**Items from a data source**
|---|
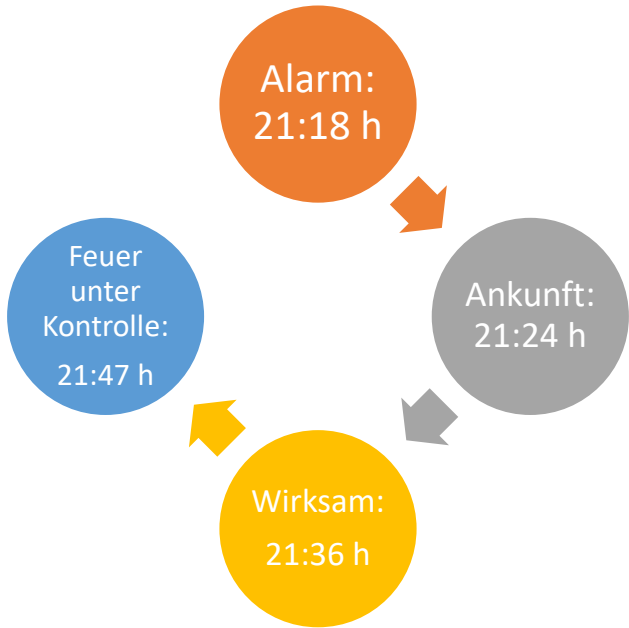

Kann frühzeitiger Einsatz von Löschschaum Gebäudeverluste minimieren?

Brand der Hasenfärbe 24.01.2021
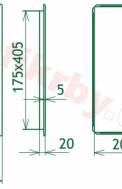

Montáž krbové mřížky - příklady řešení

Montáž krbových mřížek do teplovzdušných krbů pomocí montážního rámečku

Výroba krbových mřížek ve firmě Kratki

Výroba krbových mřížek ve firmě Kratki

Galerie

220x450

220x450

220x450

220x450

220x450
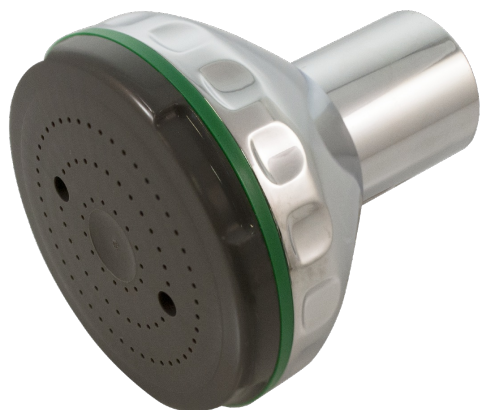

EAN: 6414150018152
static.oras.com/305

Shower head, economy
12 l/min

- Duschlösningar
- Tillbehör
- Krom

Teknisk data
|---|
**Prompt**
Consider the string "Montáž". State how many lines of the data contain it, giving the number alone.

**Solution**
2